Cameroun : crise des agréments miniers, l’or artisanal en péril

Le secteur de l’or artisanal au Cameroun traverse une période critique. La Société nationale des mines (SONAMINES), organe public chargé de la commercialisation de l’or et du diamant, a décidé de suspendre la délivrance ainsi que le renouvellement de certains agréments attribués aux bureaux d’achats. Cette mesure, loin de stabiliser la filière, exacerbe les tensions et cristallise l’indignation du Syndicat national des promoteurs des bureaux d’achats des diamants, de l’or et des orpailleurs du Cameroun (SYNAPROBADIOCAM).

Ousmanou Aladji Hamadou, président de ce syndicat, alerte sur les conséquences immédiates de cette décision. Près de 200 bureaux d’achats se retrouvent aujourd’hui dans l’incapacité de se conformer à la réglementation, faute d’agrément valide. Selon lui, cette situation favorise mécaniquement l’émergence de circuits parallèles de commercialisation des métaux précieux extraits sur le sol camerounais.

Un blocage administratif aux conséquences paradoxales

Initialement justifié par la volonté de renforcer le contrôle sur une filière artisanale jugée vulnérable aux dérives, le gel des agréments produit un effet inverse.
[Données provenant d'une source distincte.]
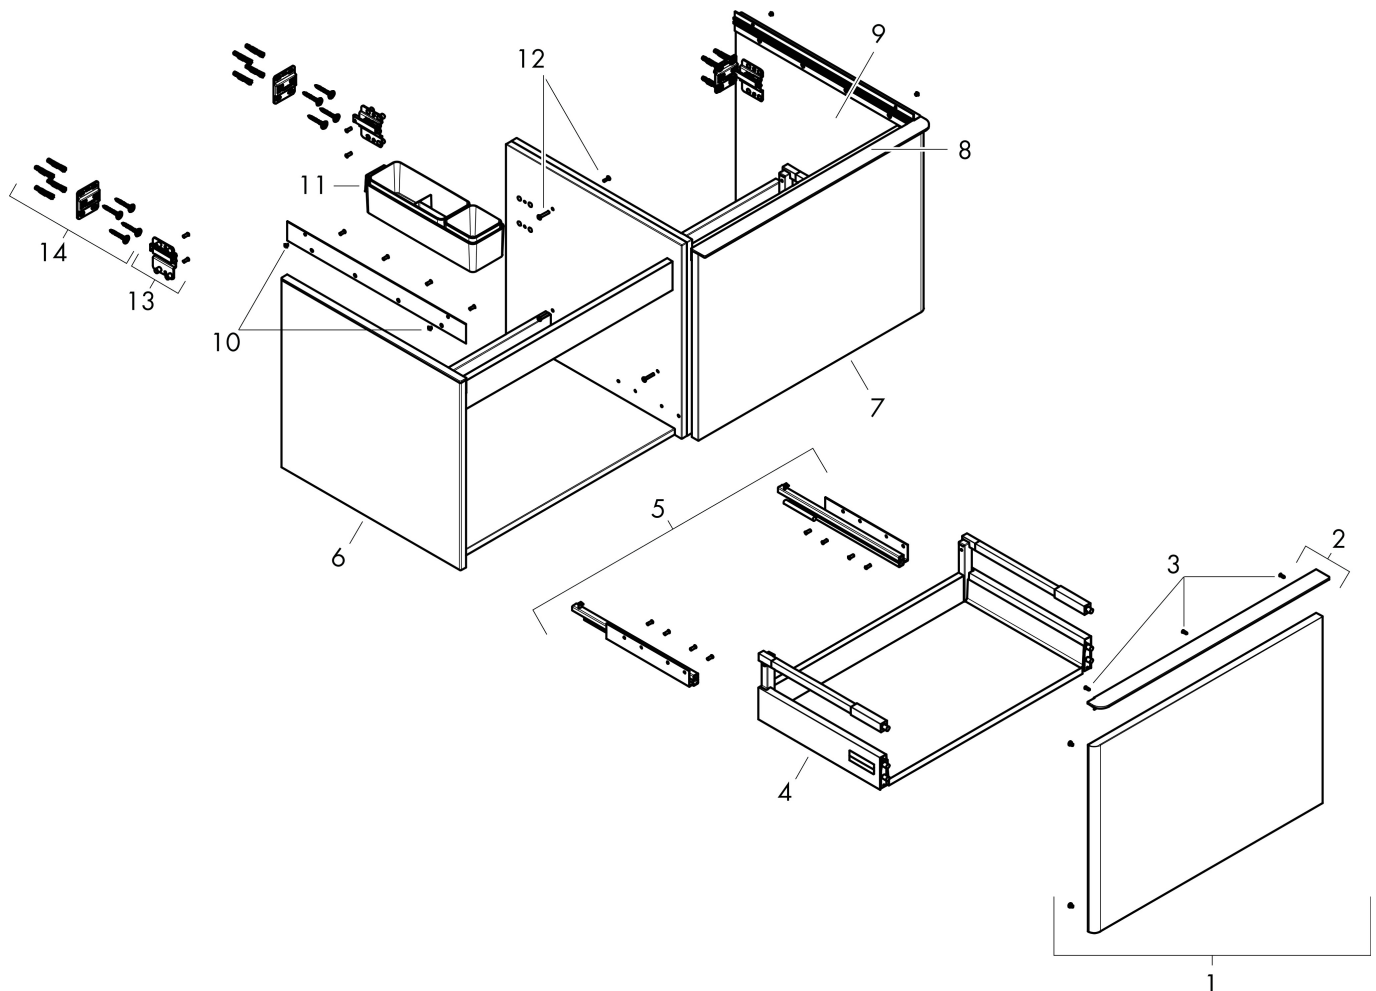

Merk	hansgrohe
Artikelnaam	Xelu Q badmeubel Diamond Matt Grey 1560/550 met 2 lades voor consoles met inbouwwasafel geslepen, Oppervlak greep:
Art.nr.	54071000
Oppervlakte	Oppervlak meubel: Diamond Matt Grey, Oppervlak greep: chroom
Netto prijs	1.298,56 EUR

Explosietekening voor bouwjaar: >06/23

Privés de débouchés officiels, les orpailleurs et les bureaux d’achats se tournent vers des solutions informelles. L’or produit quitte alors le territoire via des voies non tracées, échappant ainsi à toute fiscalité minière et à toute statistique officielle.

Le syndicat estime que plusieurs centaines d’opérateurs, qu’ils soient déjà installés ou en cours de formalisation, sont touchés par cette mesure. Cette situation les contraint soit à l’inaction, soit à basculer dans l’informel. Les pertes pour les finances publiques camerounaises, bien que difficiles à évaluer, s’ajoutent à un affaiblissement du système de traçabilité que les autorités de Yaoundé s’efforcent pourtant de consolider.

Le Cameroun n’est pas un cas isolé. De nombreux pays d’Afrique centrale, de la République du Congo à la République centrafricaine, font face à des défis similaires. La contrebande transfrontalière, alimentée par des écarts de fiscalité et des zones réglementaires floues, capte une part importante de la production régionale d’or artisanal.

La Sonamines, entre mission stratégique et controverses

Créée pour rationaliser la gestion minière et centraliser la commercialisation des ressources précieuses, la Sonamines occupe une place centrale dans l’organisation du secteur. Elle est chargée de garantir à l’État un droit de préemption sur l’or et le diamant produits, tout en encadrant les relations avec les acteurs privés. Pourtant, dès qu’elle suspend les agréments, l’entreprise publique devient la cible de critiques.

Pour les représentants syndicaux, cette décision a des répercussions en cascade. Elle prive les opérateurs d’un outil essentiel à leur activité et fragilise les orpailleurs, nombreux dans les régions de l’Est, de l’Adamaoua ou du Nord. Sans accès à des débouchés légaux, ces derniers se tournent vers des acheteurs informels, souvent étrangers, qui exportent la ressource sans contribuer à la fiscalité camerounaise.

Formalisation versus informalité : un équilibre à trouver

Le SYNAPROBADIOCAM plaide pour l’ouverture d’un dialogue structuré avec les autorités minières et la Sonamines. Les revendications sont claires : relancer la délivrance des agréments dans un cadre mieux défini, et mettre en place un système de contrôle qui ne pénalise pas les opérateurs légaux. Le syndicat met en avant l’argument économique : la formalisation de 200 bureaux d’achats créerait autant de points de collecte fiscale et de centres de traçabilité pour la filière.

Cette problématique dépasse le simple cadre sectoriel. Elle interroge la stratégie de valorisation des ressources minières camerounaises, alors que le pays cherche à diversifier son économie, historiquement dominée par les hydrocarbures. L’or artisanal, s’il est bien encadré, pourrait devenir un levier majeur pour les recettes publiques et un moteur d’emploi dans les zones rurales.

La balle est désormais dans le camp de la Sonamines et du ministère des Mines. Faut-il lever partiellement le gel des agréments ou, au contraire, durcir les critères d’attribution ? Dans les deux cas, la crédibilité du dispositif national de commercialisation reposera sur la capacité des pouvoirs publics à concilier rigueur réglementaire et efficacité opérationnelle. Les discussions entre le syndicat et les autorités de tutelle se poursuivent activement pour trouver une issue à cette crise.